Вильна, Вильнюс, с его улочками и холмами, с его девяносто девятью церквями и литовско-польско-русско-еврейским многообразием. Несколько шагов от чудотворной иконы Богоматери («Matka Boska Ostrabramska») и ты сворачиваешь в аллею, которая ведет к русскому женскому монастырю. Монахини скоблят и молятся, молятся и скоблят. Время стоит. Словно перебралось на задний двор, где щебечут птицы и на лавках дремлют морщинистые бабки. И едва начинаешь верить, что снова вернулся в сегодняшний день, как тут же проваливаешься в новую дыру во времени. Ворота, проход в арку, и вот ты стоишь на площади, больше похожей на старый двор, наполовину заваленный досками и строительным мусором, а по левую руку высится храм, униатская церковь. Осторожно входишь. Среди лесов и рухляди ловишь взглядом мерцание иконостаса, пахнет плесенью, вокруг ни души. Словно находишься за кулисами, в замызганных театральных запасниках. На реставрационные работы, очевидно, не хватает денег.
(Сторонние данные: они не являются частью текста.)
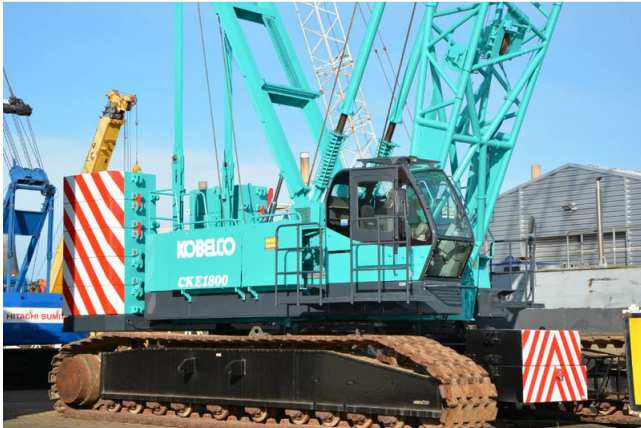

# **CRAWLER CRANE KOBELCO CKE 1800-1 F**

**Price: Price on application ex-VAT**

## **Machine Specifications**

Product: Kobelco CKE1800-1F Year of Manufacture: 2007 Operating Hours: 18000 Additional Options and Accessories: Hook blocks Main Boom Length: 76 meters Fly Jib Length: 30 meters Equipped with: Jibball, 70 tons hookblock & 160 tons hookblock Feature: Lifting computer Field of Application: Construction Mast Length: 7.600 cm Technical Condition: Very good Visual Appearance: Very good EPA Marked: Yes Delivery Terms: EXW Net Weight: 171000 kg Condition: Excellent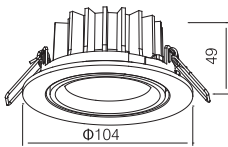

RECESSED DOWNLIGHT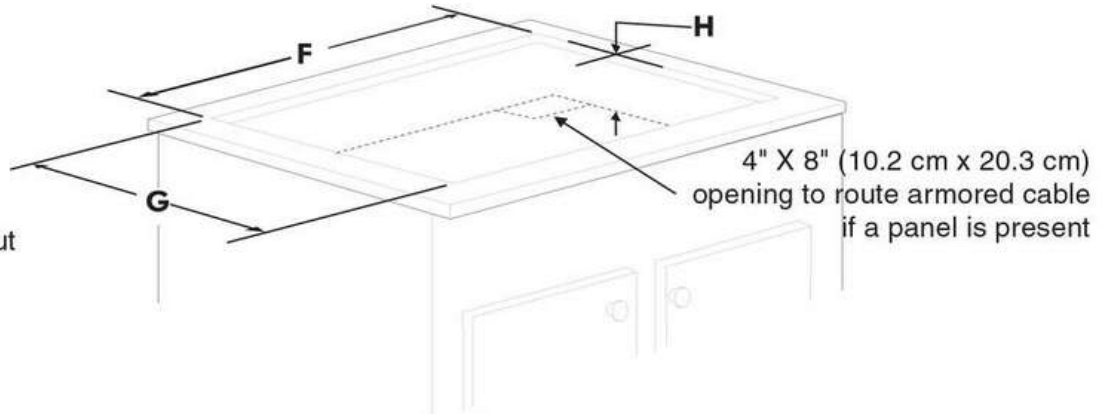

Performance Certifications and Approvals

ENERGY STAR Certified	Yes
-----------------------	-----

Installation Diagram

* 30" (76.2 cm) min. for unprotected cabinet and 24" (61 cm) min. for cabinet with protected bottom surface.

Cooktop Dimensions

Cooktop Cutout Dimensions

COOKTOP DIMENSIONS					CUTOUT DIMENSIONS				
A. WIDTH	B. DEPTH	C. HEIGHT	D. WIDTH	E. DEPTH	F. WIDTH		G. DEPTH		H. HEIGHT
					Min.	Max.	Min.	Max.	
30 ⁵ / ₈ (77.8)	21 ³ / ₈ (54.4)	2 ⁷ / ₈ (7.3)	28 ¹ / ₄ (71.8)	19 ³ / ₈ (49.2)	28 ¹ / ₂ (72.4)	29 ⁷ / ₈ (75.9)	19 ⁵ / ₈ (49.9)	20 ¹ / ₂ (52.1)	3 ⁵ / ₈ (9.2)
36 ³ / ₄ (93.4)	21 ³ / ₈ (54.4)	2 ⁷ / ₈ (7.3)	33 ⁵ / ₈ (85.4)	18 ⁷ / ₈ (47.9)	33 ⁷ / ₈ (86.0)	36 ¹ / ₈ (91.8)	19 ¹ / ₈ (48.6)	20 ¹ / ₂ (52.1)	3 ⁵ / ₈ (9.2)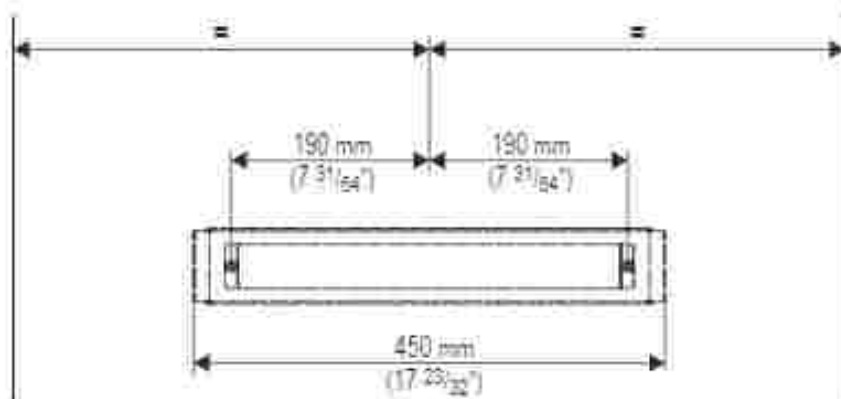

CONERO

Belt- and tie wearer

2.1 A-D

1x

2x

1x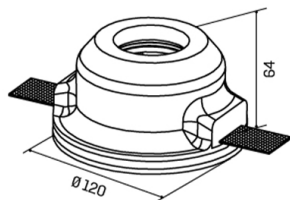

Technical drawing

Лишь в гетто сохранились немногие надписи на иврите. А памятные доски фиксируют сплошь утраты: разрушены дома и синагоги, депортированы или расстреляны люди. Тому, что остается, придают шик, превращают в бутик. Один из самых дорогих отелей города красуется в гетто. Я веду речь о 2004 годе. На субботнем богослужении в единственной «действующей» синагоге я слышу почти только русскую речь; раввин, американец, говорит с сильным акцентом. «Восточный Иерусалим», как называли Вильну в прошлом, ныне призывает главу еврейской общины из Бруклина, велики и неисповедимы окольные пути Господни.
Я иду по одной из горбатых улочек, круто берущей вверх, с низкими деревянными домишками. Во времена Владислава Кондратовича все выглядело, должно быть, так же. Вот палисадник, а там дерево. Только по булыжной мостовой катятся дребезжащие машины. И вдруг, за поворотом, город кончается и начинается лес. Густой смешанный лес покрывает гряды холмов. В самой мрачной его глубине, в Панеряй, останки семидесяти тысяч евреев, расстрелянных с июля 1941 года по июль 1944 года.
Первый раз я приехала в Вильнюс, тогда еще столицу Литовской Советской Социалистической Республики, в конце шестидесятых. Приехала ночным поездом из Ленинграда. Было очень рано, и номера в гостинице у меня не было. Все мои попытки заполучить комнату оказывались тщетными. Пока наконец, одна милая женщина-администратор не сжалилась и не предоставила мне комнатушку под крышей. Это был добрый знак. И потом меня принимали очень хорошо. Один студент провел меня в сердце Старого города, где самые узкие и кривые улочки плетут у реки свою сеть. Тут-то я на неприметном светло-сером доме и обнаружила памятную доску моему поэту.
Тридцать пять лет спустя вокзал было не узнать. Главный зал отремонтирован, кассы перенесены и модернизированы. Но я хорошо помню, где тогда была очередь, в которой я добыла билет в Ригу на ночной поезд, запрещенный для иностранцев, потому что он проходил по военной и прочим закрытым зонам. Теперь этой кассы нет. Только пути остались такими же.
Пусть мне покажут речку Уту.
Пусть покажут местечки, в которых служил таможенным офицером мой прадед. В различных уголках Венгрии, включавшей в себя Семиградье, часть Словакии и Закарпатье и принадлежавшей Австро-венгерской монархии. Все эти русла рек и границ. Все эти города с новыми именами и смешанным самовосприятием. Все эти смены режимов и войны, разорения и вторжения. Ветер Истории.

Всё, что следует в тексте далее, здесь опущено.